His profoundly innocent reflections make for some of the most devastating, be it his bafflement as to why they weren't being allowed to leave Kabul, or his newfound happiness at relocating to a house "next to an Aldi."
Scoring survival
Setting what Newton refers to as the "thriller vibes" of his documentary was Vincent Watt's propulsive score, which is made all the more impressive when Newton explains that, to avoid having to rush the composition-to-picture come the end, Watts composed it blind.
Newton would simply describe each beat of the story, such as 'the countdown to the suicide bomb' [episode three documents the Isis-K suicide bomb that killed 183 people in the queue for evacuation], and Watts would compose to that. "And what came back was incredibly rich, and actually acted as a storytelling device because the editors would start cutting with it."
The result, reckons Newton, is a score that "really got under the skin of the drama of that experience, and the tension of not knowing whether you're going to survive or not."
Enlisting the MOD
There was an official bidding process for the MOD's perspective (which included the Combat Camera Team's official footage), given the institution’s natural hesitancy to divulge state secrets. But Newton also believes they were apprehensive about revealing the emotional impact on their personnel. "It's important, I guess, for an institution like them to be seen to have a degree of resilience. But I think the way in which they ordinarily show resilience doesn't allow people to see their humanity. And actually, I think there is real resilience in showing that vulnerability."

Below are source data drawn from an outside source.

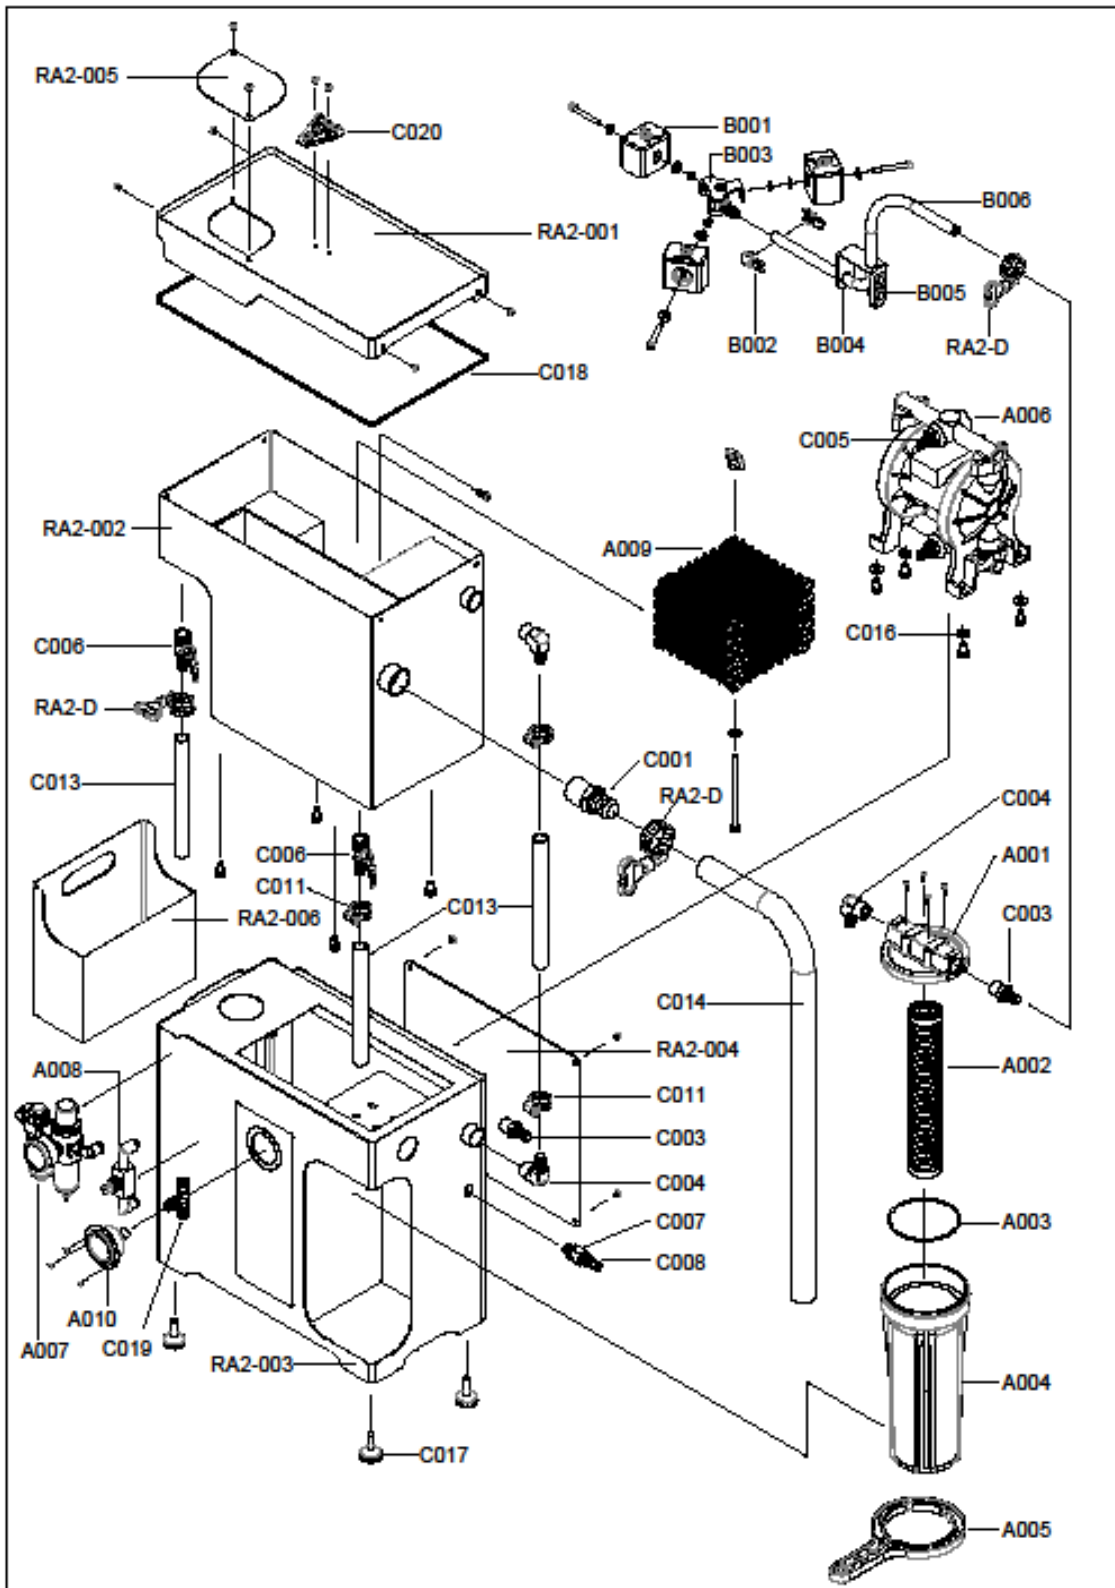

Ultra 360- Part List-1(B.O.M)

Part List-2(B.O.M)

Part List-3(B.O.M)

Part Number	Description	Qty/per	List Price
RA2-001	Top Cover	1	
RA2-002	Upper main unit	1	
RA2-003	Lower main unit	1	
RA2-004	Side panel	1	
RA2-005	Window panel	1	
RA2-006	Oil recycle reservoir	1	
A002	40 micron filter element	1	
A003	O -Ring	1	
A001	Filter canister inlet	1	Assembly Set
A004	Filter Canister	1	
A005	Filter Wrench	1	
A006	Pump	1	
A007	Air regulator	1	
A008	Reduction valve- 1/4	1	
A009	STPM Module	1	
A010	Filter indicator	1	
B001	Float tubes	3	Assembly set
B002	Multi directional	1	
B003	Float tube inlet	1	
B004	Float tube support	1	
RA2-D	Screws set	1	
B005	Magnet	1	
B006	Float tube inlet hose	1	
C001	Straight fitting -1*1	1	
C003	Straight fitting-1/2*1/2	2	
C004	90 degree fitting-1/2*1/2	3	
C005	Straight fitting -3/8*1/2	2	
C006	Control valve-1/2*1/2	2	
C007	Straight threaded fitting	1	
C008	Quick disconnect fitting -	1	
C011	Hose clamp-3/4	1	
C012	Hose Clamp- 1 1/4	1	
C013	Coolant hose-1/2	3	
C014	Coolant hose-1	1	
C015	Air hose 8MM	3	
C016	PUMP support legs	4	
C017	Adjustable leveling	4	
C018	Gasket	1	
C019	T style fitting	1	
C020	Bubble Leveling gauge	1

Indeed, upon seeing how deeply affected the soldiers are by their actions—however much they were forced to compromise and make arbitrary decisions over the lives of innocent Afghans—your admiration for their integrity and courage only grows. At one point in her interview, Diana Bird, a Royal Air Force Police squadron leader who played a vital role in the logistics at the airport, even reaches under her chair for what she calls her "PTSD rock", which grounds her whenever she is "taken back there" by a traumatic memory.

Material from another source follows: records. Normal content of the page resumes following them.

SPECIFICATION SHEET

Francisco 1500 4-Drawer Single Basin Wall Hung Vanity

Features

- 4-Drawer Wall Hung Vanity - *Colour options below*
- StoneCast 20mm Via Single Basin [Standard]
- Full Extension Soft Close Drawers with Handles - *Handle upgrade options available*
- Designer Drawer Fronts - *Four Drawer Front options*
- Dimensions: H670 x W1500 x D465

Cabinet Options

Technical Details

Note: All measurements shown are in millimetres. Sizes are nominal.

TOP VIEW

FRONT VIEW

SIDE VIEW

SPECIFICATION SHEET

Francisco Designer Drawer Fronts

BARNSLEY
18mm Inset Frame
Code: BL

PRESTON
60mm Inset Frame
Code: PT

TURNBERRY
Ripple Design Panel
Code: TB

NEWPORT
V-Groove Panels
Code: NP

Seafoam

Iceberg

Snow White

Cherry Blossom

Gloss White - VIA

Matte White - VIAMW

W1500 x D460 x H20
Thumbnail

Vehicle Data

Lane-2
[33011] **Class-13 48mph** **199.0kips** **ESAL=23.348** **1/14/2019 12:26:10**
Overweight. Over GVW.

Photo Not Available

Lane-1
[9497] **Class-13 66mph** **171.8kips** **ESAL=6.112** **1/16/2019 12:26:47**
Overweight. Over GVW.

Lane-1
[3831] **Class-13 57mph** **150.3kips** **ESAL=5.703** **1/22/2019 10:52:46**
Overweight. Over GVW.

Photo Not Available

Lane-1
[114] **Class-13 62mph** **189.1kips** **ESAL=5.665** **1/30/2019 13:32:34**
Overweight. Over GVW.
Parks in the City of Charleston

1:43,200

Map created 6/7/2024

The harsh truth is that "there is a mental health crisis that follows any war", says Newton. "You're putting people into trauma, and you can't go through traumatic situations and not be affected." He acknowledges that there are protocols put in place by the MOD, including therapy, "but does that mean that everyone takes it up? Does that mean that people aren't struggling long term?"
Newton was therefore aware of the huge responsibility they had in handling such emotive material. Not just out of concern for the over 2000 soldiers involved in the evacuation, but also the veterans who might now be questioning their service in the 20 year-long, ultimately futile invasion. "We knew we were going to trigger a lot of difficult feelings in people, and that's not always a good or bad thing either, it just is." He hoped, however, that some healing would come through facing those feelings.

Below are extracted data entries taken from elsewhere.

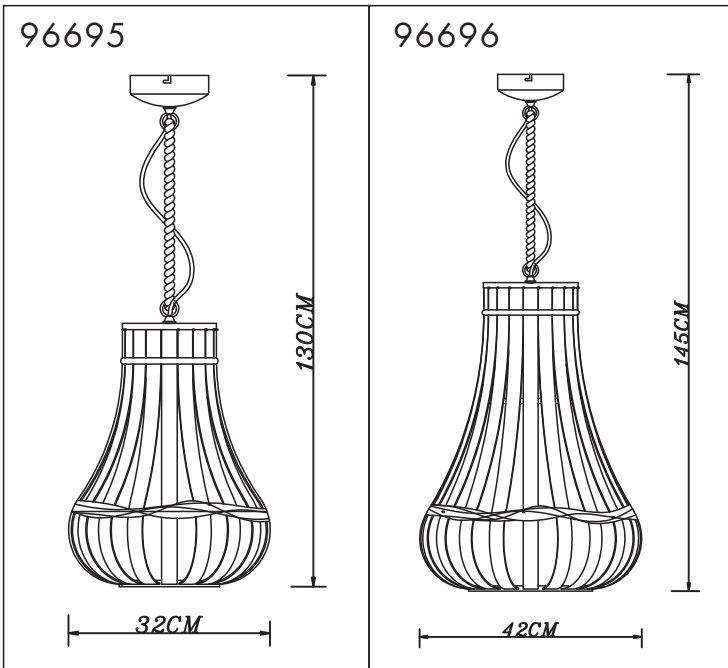

INSTRUCTION MANUAL

Excalibur HL Rope

Overall size:

  **STEP:6
NOT INCLUDED**

FittinQ B.V.

Smaragdweg 52, 5527 LB Hapert, The Netherlands
www.qazqa.nl

QAZQA
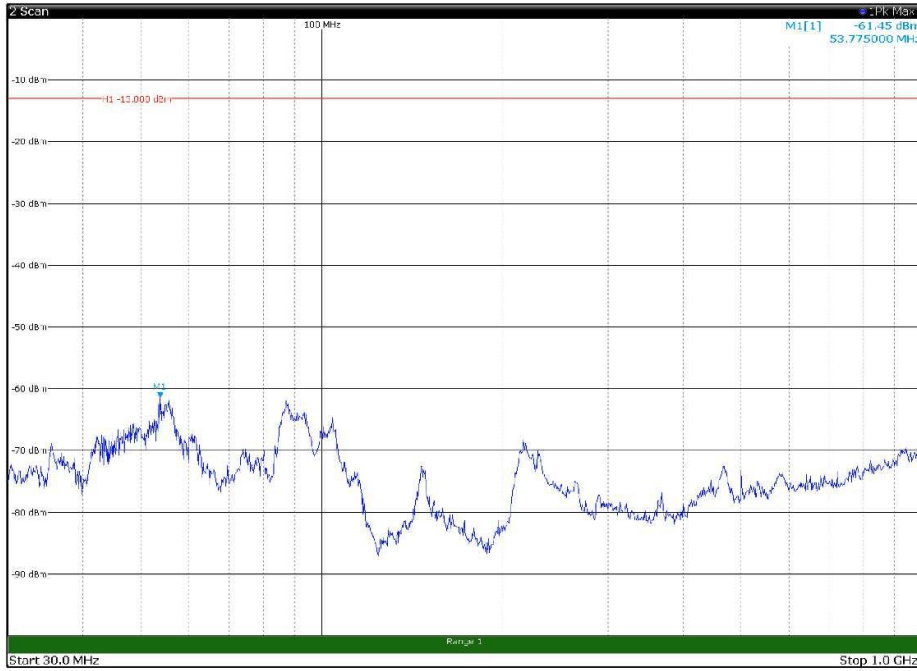

Channel: MIDDLE, Modulation: 16QAM,  
BW=5MHz, Range: 30MHz - 1GHz, Polarization: Vertical

Channel: MIDDLE, Modulation: 16QAM,  
 BW=5MHz, Range: 1GHz - 18GHz, Polarization: Horizontal

Channel: MIDDLE, Modulation: 16QAM,  
 BW=5MHz, Range: 1GHz - 18GHz, Polarization: Vertical

Channel: TOP, Modulation: 16QAM,  
BW=5MHz, Range: 30MHz - 1GHz, Polarization: Horizontal

Channel: TOP, Modulation: 16QAM,  
BW=5MHz, Range: 30MHz - 1GHz, Polarization: Vertical

Channel: TOP, Modulation: 16QAM,  
BW=5MHz, Range: 1GHz - 18GHz, Polarization: Horizontal

Channel: TOP, Modulation: 16QAM,  
BW=5MHz, Range: 1GHz - 18GHz, Polarization: Vertical

Channel: TOP, Modulation: 16QAM,  
BW=5MHz, Range: 18GHz - 22.5GHz, Polarization: Horizontal

Channel: TOP, Modulation: 16QAM,  
BW=5MHz, Range: 18GHz - 22.5GHz, Polarization: Vertical

Channel: BOTTOM, Modulation: 64QAM,  
BW=5MHz, Range: 30MHz - 1GHz, Polarization: Horizontal

Channel: BOTTOM, Modulation: 64QAM,  
BW=5MHz, Range: 30MHz - 1GHz, Polarization: Vertical

Channel: BOTTOM, Modulation: 64QAM,  
BW=5MHz, Range: 1GHz - 18GHz, Polarization: Horizontal

Before the series aired, they held exclusive viewings at several army barracks, and Newton vividly remembers one at RAF Brize Norton for some 200 plus aviators. "There was a lot of emotion being released. People were breaking down, some were crying, someone walked out at the end of a film, some were getting angry. It was bringing back everything.
"Someone came up to me at the end and said, 'look, this is an incredible thing, because no one has captured the emotional content of our experience yet. Yes, there have been documents and papers and reviews and debriefs, but no one has plugged into how we feel."
Evacuation is available now on Channel 4.